(Action item) Repeat all of the records word for word, but skip any picture.

(Study material)
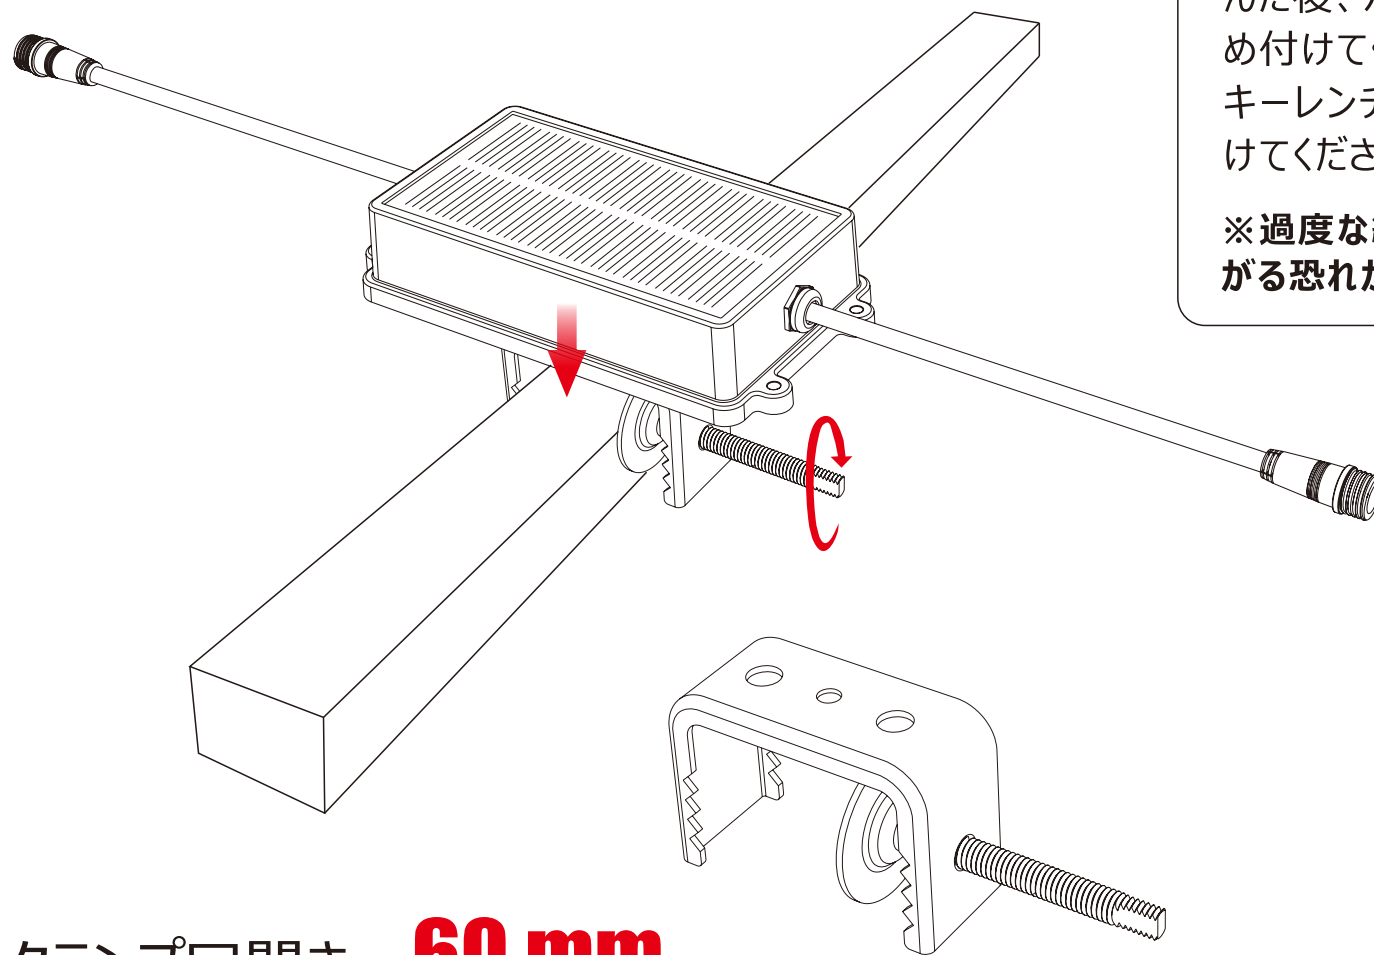

10m

内蔵LED 33球

収納バンド*8

- | | |
|----------------|----------------|
| ① DC5521メス出力端子 | ⑤ DC5521オス入力端子 |
| ② ソーラー電源ユニット | ⑥ 固定穴 |
| ③ DC5521メス出力端子 | ⑦ ロープライト本体 |
| ④ C型クランプ | |

赤色点滅
(約1秒間隔)

品名	ソーラー式LED警告トラロープ 発光PAロープ	品番	KG-RL10PA
----	----------------------------	----	-----------

取付方法

クランプ口開き：**60 mm**

ハンドル（スクリュー）を反時計回りに回し、開口部の取付場所の厚みに合わせて広げてください。クランプでしっかり挟んだ後、ハンドルを時計回りに回して締め付けてください。最後に、ペンチやモンキーレンチなどを使ってしっかりと締め付けてください。

※過度な締め付けは取付部の破損につながる恐れがありますので、ご注意ください。

品名	ソーラー式LED警告トラロープ 発光PAロープ	品番	KG-RL10PA
----	----------------------------	----	-----------

(Exercise result)
10m

内蔵LED 33球

収納バンド*8

- | | |
|----------------|----------------|
| ① DC5521メス出力端子 | ⑤ DC5521オス入力端子 |
| ② ソーラー電源ユニット | ⑥ 固定穴 |
| ③ DC5521メス出力端子 | ⑦ ロープライト本体 |
| ④ C型クランプ | |

赤色点滅
(約1秒間隔)

品名	ソーラー式LED警告トラロープ 発光PAロープ	品番	KG-RL10PA
----	----------------------------	----	-----------

取付方法

クランプ口開き：**60 mm**

ハンドル（スクリュー）を反時計回りに回し、開口部の取付場所の厚みに合わせて広げてください。クランプでしっかり挟んだ後、ハンドルを時計回りに回して締め付けてください。最後に、ペンチやモンキーレンチなどを使ってしっかりと締め付けてください。

※過度な締め付けは取付部の破損につながる恐れがありますので、ご注意ください。

品名	ソーラー式LED警告トラロープ 発光PAロープ	品番	KG-RL10PA
----	----------------------------	----	-----------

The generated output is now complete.